この記事は公開されてから1年以上経過しています。情報が古い可能性がありますので、ご注意ください。

What are we trying to do?

We might have a directory that's very cluttered and we need to organise it and back it up at the same time. We can do this by writing a script that checks for the file extensions and uploads those files to certain sub directories within a bucket. So, getting started, you need to login into your AWS account.

The first thing we need is a user that has API keys to access S3. Let's make that user first. To do this we'll create an IAM user. Go to services and search for IAM. Then click on users and add a new user. Be sure to give this user programmatic access.This will give us API keys that we can use to access AWS resources.

Now, click on permissions. We have to attach this user to a group with certain permissions attached. Permissions are just what allows your user to do certain things within the AWS platform. In this example, since our user needs to access S3 buckets, they need full access to S3. So, let's add our user to S3-Full-Acccess group that has Amazon S3 full access.

Skip the tags and move to the final page. Now you can have your API key and secret access key. You need to copy these to a python script 'secrets.py'.

access_key = ''
secret_access_key = ''

Now create a new python script and import the variables created in secrets.py. I named it as 'automatic_s3_uploader.py'.

from secrets import access_key, secret_access_key

Import some other useful packages such as boto3 and OS. Boto3 is a software development kit (SDK) designed to improve the use of the Python programming language in Amazon Web Services. While OS module in Python provides functions for interacting with the operating system. OS comes under Python's standard utility modules.

import boto3
import os

Just a few lines of code more. Our first step is to interact with the API so that we can access the resources.

 client = boto3.client('s3', aws_access_key_id = access_key, aws_secret_access_key = secret_access_key)

'aws_access_key_id' and 'aws_secret_access_key' are the keyword arguments that the client method takes in and 'access_key' and 'secret_access_key' are the variables that we created in secrets.py. With this, we are now able to access all the s3 resources that this access key has permission to, which was s3 full access. Now we're able to upload and download files.

Now we just just need to walk into a directory and depending on the extension of the file, upload it to s3.

for file in os.listdir():
    if '.py' in file:
        upload_file_bucket = 'file-handling-bucket'
        upload_file_key = 'python/' + str(file)
        client.upload_file(file, upload_file_bucket, upload_file_key)

This means that if file is of .py extension, it will get uploaded to the bucket already created. In my case, I created a bucket named 'file-handling-bucket'. And then we need to pass a key which is just the path of the file inside the bucket. So we are uploading the file to the path of a python subdirectory and then the file name.

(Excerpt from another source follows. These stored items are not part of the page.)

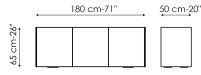

Data sheet

Width: 180cm
Depth: 50cm
Height: 65cm

Width: 180cm
Depth: 50cm
Height: 83cm

Width: 240cm
Depth: 50cm
Height: 65cm

Width: 240cm
Depth: 50cm
Height: 83cm

Top

Ceramic

Silk finish ceramic
Calacatta macchia
vecchia
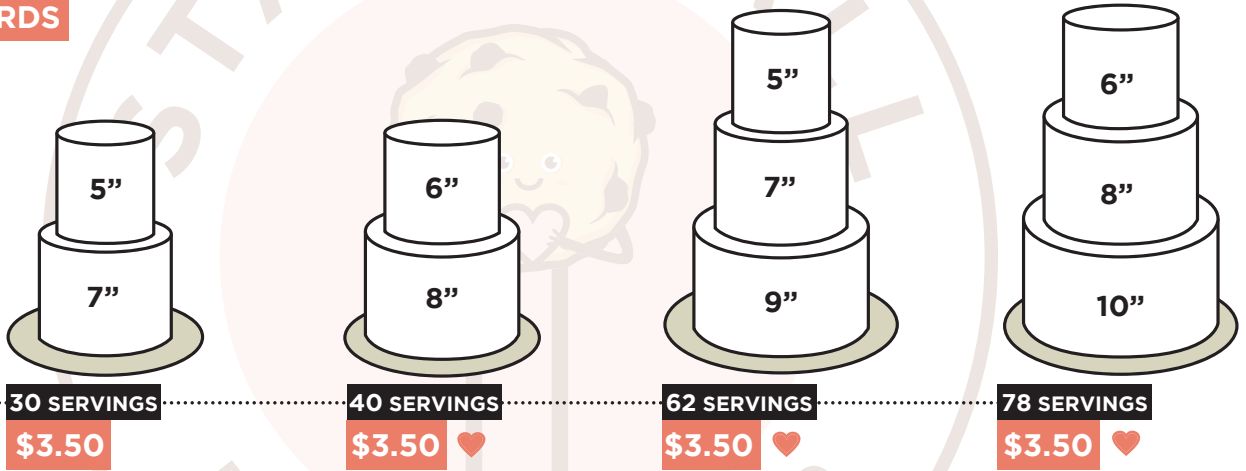

SIZES

SERVINGS Max
$ _____ Starting Price per Serving

♥ Popular Wedding Cake Options

5" TALL TIER

7.5" TALL TIER

9" TALL TIER

THE STANDARDS

5" TALL TIERS

VARIED HEIGHT

SHEET CAKES

Finally, we'll upload the files using client and upload_file method. We are passing 3 arguments in 'upload_file' method. First one is the file name, second one is the bucket, and the last one is the key.

We only have one if statement here, i.e. for '.py' files. But if you have a lot of different extensions, you can add more statements like this under 'for' loop for every file in your directory.

I hope you like this blog!